EXERCISE GOAL:
The entries below are to be returned as written, with all pictures dropped.

PROVIDED INFORMATION:
* * * * * * * * *

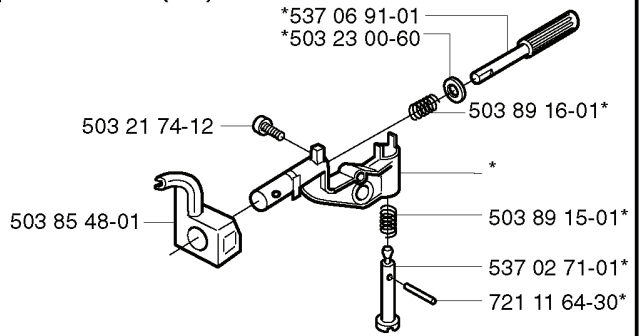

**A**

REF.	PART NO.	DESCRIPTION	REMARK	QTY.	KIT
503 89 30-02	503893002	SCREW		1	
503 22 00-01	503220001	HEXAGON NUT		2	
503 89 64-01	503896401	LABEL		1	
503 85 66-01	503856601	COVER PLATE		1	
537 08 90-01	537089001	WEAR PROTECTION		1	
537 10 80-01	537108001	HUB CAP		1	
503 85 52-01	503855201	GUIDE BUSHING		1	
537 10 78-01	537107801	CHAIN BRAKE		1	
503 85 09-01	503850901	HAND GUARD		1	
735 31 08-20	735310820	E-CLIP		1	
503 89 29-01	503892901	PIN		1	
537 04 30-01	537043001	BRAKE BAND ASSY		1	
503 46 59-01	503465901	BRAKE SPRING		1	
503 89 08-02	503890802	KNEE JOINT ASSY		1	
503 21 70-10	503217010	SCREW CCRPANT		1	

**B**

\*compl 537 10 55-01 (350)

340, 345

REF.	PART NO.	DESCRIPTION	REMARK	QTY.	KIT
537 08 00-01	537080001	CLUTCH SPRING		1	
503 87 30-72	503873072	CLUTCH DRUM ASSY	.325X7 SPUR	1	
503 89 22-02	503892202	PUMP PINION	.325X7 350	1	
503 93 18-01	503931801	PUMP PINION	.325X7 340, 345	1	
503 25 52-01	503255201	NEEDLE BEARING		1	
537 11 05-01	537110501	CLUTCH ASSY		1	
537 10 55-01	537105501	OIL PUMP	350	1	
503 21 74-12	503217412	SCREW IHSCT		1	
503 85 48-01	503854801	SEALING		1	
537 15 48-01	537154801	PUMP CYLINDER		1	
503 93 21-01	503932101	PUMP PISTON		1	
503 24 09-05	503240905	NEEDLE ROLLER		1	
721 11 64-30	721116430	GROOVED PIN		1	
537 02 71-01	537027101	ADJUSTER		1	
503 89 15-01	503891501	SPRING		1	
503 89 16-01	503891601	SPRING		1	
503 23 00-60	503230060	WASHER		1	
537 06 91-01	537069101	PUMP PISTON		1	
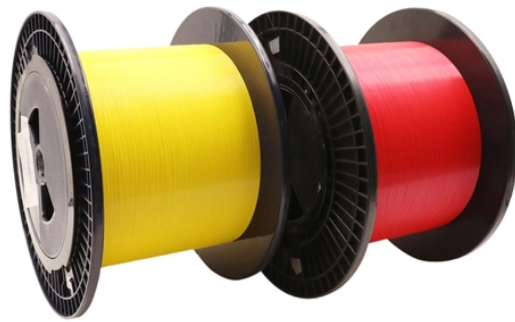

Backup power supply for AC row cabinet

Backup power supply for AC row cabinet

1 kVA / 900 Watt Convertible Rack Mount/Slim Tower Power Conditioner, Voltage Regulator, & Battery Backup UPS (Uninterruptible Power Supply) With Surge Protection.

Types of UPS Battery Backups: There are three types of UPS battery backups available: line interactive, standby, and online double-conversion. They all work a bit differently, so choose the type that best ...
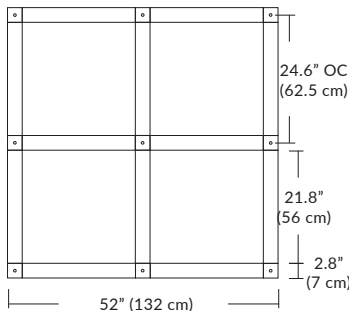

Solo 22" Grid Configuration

* * * * * * * * *

EXERCISE SOLUTION:
**A**

REF.	PART NO.	DESCRIPTION	REMARK	QTY.	KIT
503 89 30-02	503893002	SCREW		1	
503 22 00-01	503220001	HEXAGON NUT		2	
503 89 64-01	503896401	LABEL		1	
503 85 66-01	503856601	COVER PLATE		1	
537 08 90-01	537089001	WEAR PROTECTION		1	
537 10 80-01	537108001	HUB CAP		1	
503 85 52-01	503855201	GUIDE BUSHING		1	
537 10 78-01	537107801	CHAIN BRAKE		1	
503 85 09-01	503850901	HAND GUARD		1	
735 31 08-20	735310820	E-CLIP		1	
503 89 29-01	503892901	PIN		1	
537 04 30-01	537043001	BRAKE BAND ASSY		1	
503 46 59-01	503465901	BRAKE SPRING		1	
503 89 08-02	503890802	KNEE JOINT ASSY		1	
503 21 70-10	503217010	SCREW CCRPANT		1	

**B**

\*compl 537 10 55-01 (350)

340, 345

REF.	PART NO.	DESCRIPTION	REMARK	QTY.	KIT
537 08 00-01	537080001	CLUTCH SPRING		1	
503 87 30-72	503873072	CLUTCH DRUM ASSY	.325X7 SPUR	1	
503 89 22-02	503892202	PUMP PINION	.325X7 350	1	
503 93 18-01	503931801	PUMP PINION	.325X7 340, 345	1	
503 25 52-01	503255201	NEEDLE BEARING		1	
537 11 05-01	537110501	CLUTCH ASSY		1	
537 10 55-01	537105501	OIL PUMP	350	1	
503 21 74-12	503217412	SCREW IHSCT		1	
503 85 48-01	503854801	SEALING		1	
537 15 48-01	537154801	PUMP CYLINDER		1	
503 93 21-01	503932101	PUMP PISTON		1	
503 24 09-05	503240905	NEEDLE ROLLER		1	
721 11 64-30	721116430	GROOVED PIN		1	
537 02 71-01	537027101	ADJUSTER		1	
503 89 15-01	503891501	SPRING		1	
503 89 16-01	503891601	SPRING		1	
503 23 00-60	503230060	WASHER		1	
537 06 91-01	537069101	PUMP PISTON		1	

Backup power supply for AC row cabinet

Backup power supply for AC row cabinet

1 kVA / 900 Watt Convertible Rack Mount/Slim Tower Power Conditioner, Voltage Regulator, & Battery Backup UPS (Uninterruptible Power Supply) With Surge Protection.

Types of UPS Battery Backups: There are three types of UPS battery backups available: line interactive, standby, and online double-conversion. They all work a bit differently, so choose the type that best ...

Solo 22" Grid Configuration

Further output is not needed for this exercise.